In the present study, we observed that argatroban improved regional BVR drainage, reduced ischemic lesions and ameliorated neurological deficits, possibly by reducing secondary microthrombi formation in the BVR or other venous systems, since argatroban has been reported to inhibit clot-bound thrombin, vascular contraction, and platelet aggregation [37].

We chose to administer argatroban in this study because its past record predicted the likelihood of preventing the formation of secondary microthrombi in the veins, reducing ischemic stroke lesions and acting safely in terms of avoiding intracranial hemorrhage. In a previous study, La Monte et al. showed the anticoagulative effects of argatroban in 171 acute ischemic stroke patients within 12 hours of symptom onset without any increased hemorrhage risk [9]. Hosomi et al. demonstrated that argatroban was safe and effective in acute ischemic stroke patients, increasing clinical improvement without increasing intracranial hematoma [38]. Urabe et al. stated that argatroban could reduce ischemic lesions and inhibit clot-bound thrombin [22].

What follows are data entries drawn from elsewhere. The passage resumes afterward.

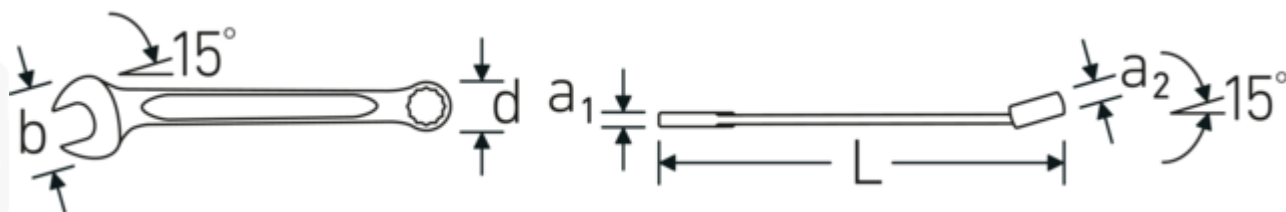

Teknisk tegning.
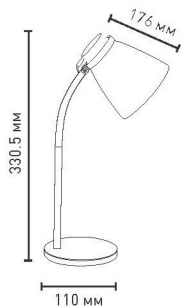

Настольный светильник «AQUAREL»
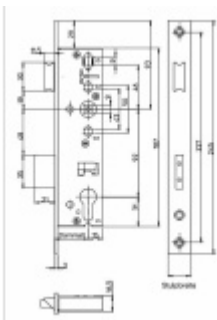

Panikový zámek SSF Serie 02 APB, klika/klika Pravé provedení, 35 mm

ID produktu: 19426

Panikový úzký zámek pro rámové dveře

Certifikace dle EN 1125 + DIN EN 179

Zámek pro kombinaci klika/klika s nutností děleného čtyřhranu

Paniková funkce B = K otevření dveří zvenku je třeba použít klíč a následně stisknout kliku. Pro užití únikové funkce (otevření dveří zevnitř i bez klíče) jsou dveře po zabouchnutí zvenku přístupné pouze za pomoci klíče. Po odemknutí cylindrické vložky je možné používat dveře běžně klikou z obou stran.

Čelo: nerez kartáčovaná 24x245

Rozteč: 92 mm

Tichá střelka

Ořech zámku dělený: 9 mm - je potřeba použít [dělený čtyřhran](#)

[Rotace ořechu 26°](#)

Upozornění: V panikových zámcích mohou být použity běžně dostupné cylindrické vložky. Nikdy však nesmí zůstat klíč ve vložce, jestliže je uzamčeno.

Panikový zámek může klíč ve vložce zlomit při otevření klikou!

Paniková funkce je aktivní pouze pro dveře otevírané ve směru úniku. Na objednávku lze dodat i zámek s opačnou funkcí otevírání.

Zámky nejsou vhodné pro objektové dveře s vysokou četností používání. Zámky jsou určeny pro únikové východy,
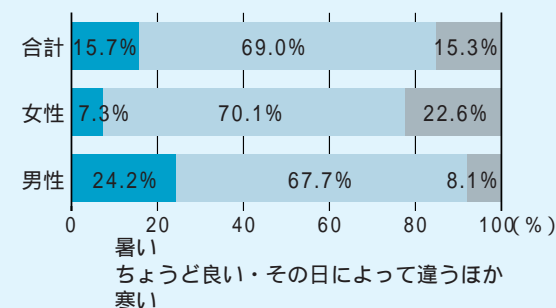

駅前の放置自転車やバイクをなくしましょう

お知らせ/電車とバスの博物館は、9月1日(日)をもって休館いたしました。新しい博物館は、田園都市線宮崎台駅付近で来年4月にオープン予定です。

ご報告

東急電車モニター

車内の空調に関するインターネット調査実施結果

車内の空調に関するインターネット調査を行った結果、以下のとおりとなりました。よりきめ細やかな調節を行うよう心がけるとともに、今後新しい車両につきましては、自動的に細やかな温度調整ができるよう、整備してまいります。

実施時期/平成14年7月11日(木)~7月22日(月)
実施方法/eメールによる受発信
対象者/モニター336人
回答者/248人(男性:124人、女性:124人)
回収率/73.8%

Q.今の時期(7~8月)あなたは車内の空調について、どのように感じられますか?

Q.その時のあなたの服装は?

Q.おもにご利用されている時間帯は?(複数回答)
「暑い」または「寒い」とお答えの方のみ比較

深夜急行バス

新横浜駅(新羽営業所)行き リニューアルキャンペーン

Japanese researchers reported in a clinical study that argatroban inhibited microthrombi activity and ameliorated regional blood flow in the brain [39]. The results of another similar study indicated that argatroban treatment could decrease secondary microthrombi in the infarct area, improve regional blood flow in the brain, downsize ischemic lesions, and therefore, produce better clinical outcomes [40]. Similarly, we observed that after argatroban treatment, the acute ischemic paraventricular stroke patients had improved outcomes.

Limitations

There were 2 limitations to our present study: First, the sample size of the present study was too small to draw a solid conclusion. Studies of larger scales are needed in the future to confirm the results of the present study. Second, there still exists a possibility that infarction reduction and neurological improvement might be directly related to improved BVR outflow in acute ischemic stroke after argatroban treatment. Although our observations in this study precluded us from drawing such a conclusion, this study is a first observation to show that argatroban increased flow velocity of the basal vein after acute ischemic paraventricular stroke for up to 7 days. This effect of argatroban on expanding venous blood flow was accompanied by a reduced infarction volume and improved clinical outcomes at day 7 and day 90 from the onset of stroke. Future confirmation directly linking argatroban to the reduction of venous microthrombi formation is well-warranted.

Conclusions

Vein drainage change may contribute to the acute phase of brain edema and the outcomes of ischemic stroke patients.